Logical vectors can be created using
relational operators
e.g. <, >, ==, !=, %in%
.
R
x <- c(1, 2, 3, 11, 12, 13)
x < 10
OUTPUT
[1] TRUE TRUE TRUE FALSE FALSE FALSE
R
x %in% 1:10
OUTPUT
[1] TRUE TRUE TRUE FALSE FALSE FALSE
We can use logical vectors to select data from a data frame. This is often referred to as logical indexing.
R
index <- dat$Group == 'Control'
dat[index,]$BloodPressure
OUTPUT
[1] 132 173 129 77 158 81 137 111 135 108 133 139 126 125 99 122 155 133 94
[20] 98 74 116 97 104 117 90 150 116 108 102
Often this operation is written as one line of code:
R
plot(dat[dat$Group == 'Control', ]$BloodPressure)
Using Logical Indexes
- Create a scatterplot showing BloodPressure for subjects not in the control group.
- How many ways are there to index this set of subjects?
- The code for such a plot:
R
plot(dat[dat$Group != 'Control', ]$BloodPressure)

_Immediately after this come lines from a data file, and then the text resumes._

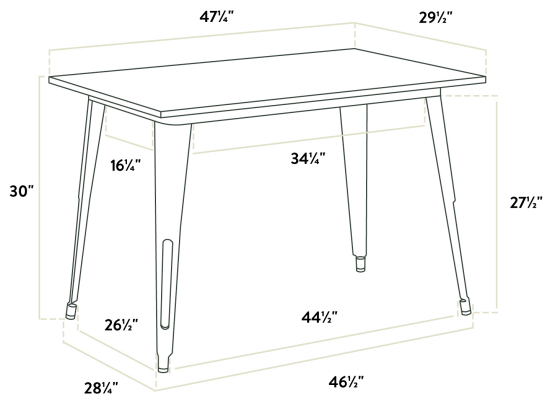

Lancaster Table & Seating Alloy Series 48" x 30" Distressed Copper Standard Height Outdoor Table

#164DA3048CPD

Item #: 164DA3048CPD Qty: _____

Project: _____

Approval: _____ Date: _____

Features

- Designed for use indoors and outdoors
- E-coat sealant and distressed copper powder coat for rust and corrosion resistance
- 48" x 30" rectangular shape and standard height fits a variety of settings
- Durable steel construction is perfect for long-term use
- Easy to assemble and lightweight enough to move around for special events

Certifications

 Seating Capacity: 4

Technical Data

Length	47 1/2 Inches
Width	29 1/2 Inches
Height	30 Inches
Height Style	Standard Height
Assembled	Assembly Required
Color	Black Copper
Features	Distressed E-Coat Sealant Powder Coated

Technical Data

Frame Material	Steel
Installation Type	Freestanding
Shape	Rectangle
Table Seating Capacity	4 Chairs
Tabletop Material	Steel
Type	Tables
Usage	Indoor Outdoor

Plan View

Notes & Details

Take your modern restaurant, cafe, or bistro to the next level with this Lancaster Table & Seating Alloy Series 48" x 30" distressed copper standard height outdoor table! This table is made of durable steel and double coated to withstand years of use. The distressed copper color adds a sleek, modern touch to any setting and is sure to be a contemporary design choice that guests love. Comfortable and stylish, this strong yet lightweight standard height table is an excellent choice for your indoor or outdoor dining area. To save you money on shipping costs, this table ships unassembled. All required assembly hardware is included so you can quickly set it up in its proper space and let your guests enjoy!

2. In addition to dat$Group != 'Control'
, one could use
dat$Group %in% c("Treatment1", "Treatment2")
.
Combining Addressing and Assignment
The assignment operator <-
can be combined with
addressing.
R
x <- c(1, 2, 3, 11, 12, 13)
x[x < 10] <- 0
x
OUTPUT
[1] 0 0 0 11 12 13
Updating a Subset of Values
In this dataset, values for Gender have been recorded as both
uppercase M, F
and lowercase m, f
. Combine the
addressing and assignment operations to convert all values to
lowercase.
R
dat[dat$Gender == 'M', ]$Gender <- 'm'
dat[dat$Gender == 'F', ]$Gender <- 'f'
Key Points
- Data in data frames can be addressed by index (subsetting), by logical vector, or by name (columns only).
- Use the
$
operator to address a column by name.